Using a slip bobber, you can put your bait at the *exact* depth that you want it to be. If you want it to be 27 feet deep, you set a bobber stop at 27 feet above the hook.

Fishrmn


----------



## southernman (Nov 14, 2007)

ahhh the fishing snobs . . dont know who teaches this crap, but it never ends....

fishing is recreation, ya know a chance to get out of doors and relax, whether its throwing out a worm and marshmallow and letting it sit for 8 hrs, or flexing the fly wand for 12 hours straight

but the fly fisherman is not more advanced or better than a bait dunker, a tip up ice fisherman isnt less worthy than a jigger, ect ect if you think so you just dont get it

sm


----------



## LOAH (Sep 29, 2007)

Bravo, southernman. Amen to that.


----------



## Jeremy28 (Dec 1, 2007)

Southern Man, I know what you mean, but you gotta admit that there are better ways than others to catch more and bigger fish. Some people like to go fishing just to "get away from it all", crack open a Budweiser, and throw out a line. While others like to fish for the same reasons but also because they are competitive and fishing is, after all, a sport you know. The competitiveness of fishing is what makes it so fun. The feeling you get when you catch a fish and the people fishing around you say " gosh damnit, that little turd just caught another one!" I love that! Thats where the forum comes in and we can debate about what works the best and maybe learn something in the process. Its not that flyfisherman are better than "bait dunkers", its just that we will catch more fish than them.... :wink: 

PS: If any bait fisherman out there want to take me up on a $ bet on who catches the most fish than let me know, I need the money.


----------



## Jeremy28 (Dec 1, 2007)

Back to the original first few reply's where you say that brown's are hard to catch in lakes. Is that a bad thing? We need more "hard to catch" fish in lakes so that they will grow and get big.
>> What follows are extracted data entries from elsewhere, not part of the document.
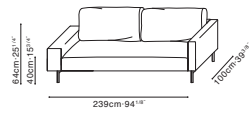

# LOLA

LOLA STOCK COMPONENTS

C01F0801  
Sofa Bed

B12F0802  
High Armrest

B12F0803  
Low Armrest

C01F0801 cannot be used individually and must be always matched with armrests

SAMPLE CONFIGURATIONS

C01F0801 + B12F0802 + B12F0803

C01F0801 + B12F0802 + B12F0803

C01F0801 + B12F0802 x 2

C01F0801 + B12F0803 x 2

Available in:

Luxe Navy (D)  
LUXE-04

Linear Manchester Sand (D)  
LINEAR-01

C01F0801 + B12F0802 + B12F0803

C01F0801 + B12F0802 + B12F0803

	(D) Luxe-04	(D) Linear-01
C01F0801 Sofa Bed	•	•
B12F0802 High Armrest	•	•
B12F0803 Low Armrest	•	•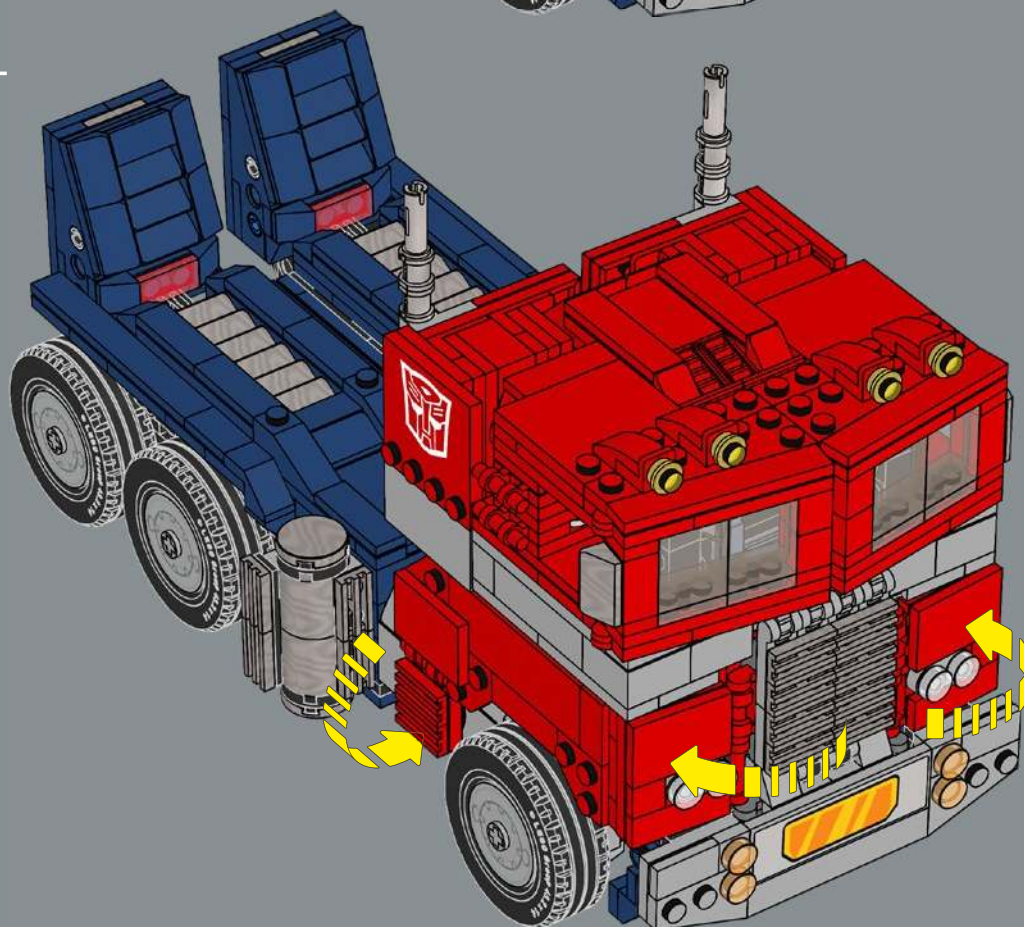

10

11

12

13

14

16

17

Optimus Prime's blaster is the only accessory in this LEGO® set that was included in the original toy, so it is also incorporated into the vehicle mode.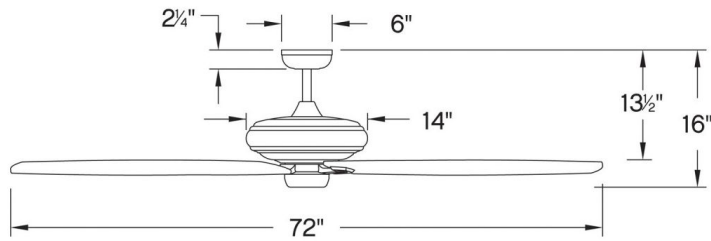

GRANDER

900672FPW-NID

GRANDER 72" FAN

DETAILS

FAN FINISH:	Pewter
BLADE COUNT:	5
SLOPE DEGREE:	22

DIMENSIONS

WIDTH:	72"
HEIGHT:	16"

LIGHT SOURCE

VOLTAGE:	120v
----------	------

MOUNTING

CANOPY:	6" Dia.
LEAD WIRE:	1 X 76"

SHIPPING

CARTON LENGTH:	17
CARTON WIDTH:	17
CARTON HEIGHT:	12

Grander is a perfect blend of modern and traditional elements, creating a silhouette that complements virtually any interior space. Available in an assortment of five stylish finishes with reversible blades, it features DC motor technology to deliver excellent energy efficiency. Blades are included with every fan.

PRODUCT DETAILS:

- Dry Rated
- Control your fan's power, light, speed, direction, and so much more from the Hinkley Home Automation app
- Can be hung on a sloped ceiling
- Accessory controls are available that are compatible with your home's WiFi network
- Reversible blades included; two finishes allow for easily customizable style
- This item includes a 6" down rod (other lengths of down rods are available)
- Merging the best of traditional and modern elements with a sophisticated and streamlined look
- Fan Control included, Wall Control - 6 Speed Reversing

I would pass up a thousand normal fish for a shot at a trophy any day. A few browns every now and then wouldn't hurt anything. I don't see a downfall even if they overtook a lake of rainbows. You would just be catching browns instead, only they would be bigger and prettier. The fact that they can reproduce more efficiently only saves the DWR time and resources because they wouldn't have to stock as much. Of course this would put a few people out of jobs...wait thats the reason isn't it....gosh I finally figured it out after all this time!


----------



## ScottyP (Sep 12, 2007)

No, I think you still have a lot more figuring out left to do.

Fishing may be a sport but it doesn't have to be competitive. 

There are indeed bait guys who would clean your plow in a fishing contest.

There is no shortage of lakes in Utah with browns. Want a list? 

They won't overtake rainbows in any lake around here, they tend to fill different niches. Rivers on the other hand get dominated by browns in most cases.

Hybrid tiger trout are a better planting option for our bathtub lakes than brown trout are when some diversity is desired. Tigers grow well, fight hard, are more readilly catchable, and they are half brown anyway but they are sterile and easier to manage.


----------



## southernman (Nov 14, 2007)

fishing is a pasttime, not a sport jeremy . . . unless youre talking about competitive fishing tournaments, thats something else altogether . .

im glad when everyone around me is catching fish, its the worst fishing trip when i catch a few, and my fishing buddies catch nothing . . well the worst is if* nobody* catches anything (ha ha)
...

i can see a little friendly competition with a buddy, but if you think everybody thinks like you do, you need some little white pills . .

sm


----------



## chuckmiester (Sep 9, 2007)

as far as who can catch more fish, i take back everything i said and i now am going to stick with this. it depends on the fisherman. some bait guys can easily out catch some fly guys, and visa versa. me i like to catch fish so i will probably try a little harder than those guys who throw their line out and crack open a beer resulting in me probably catching more fish.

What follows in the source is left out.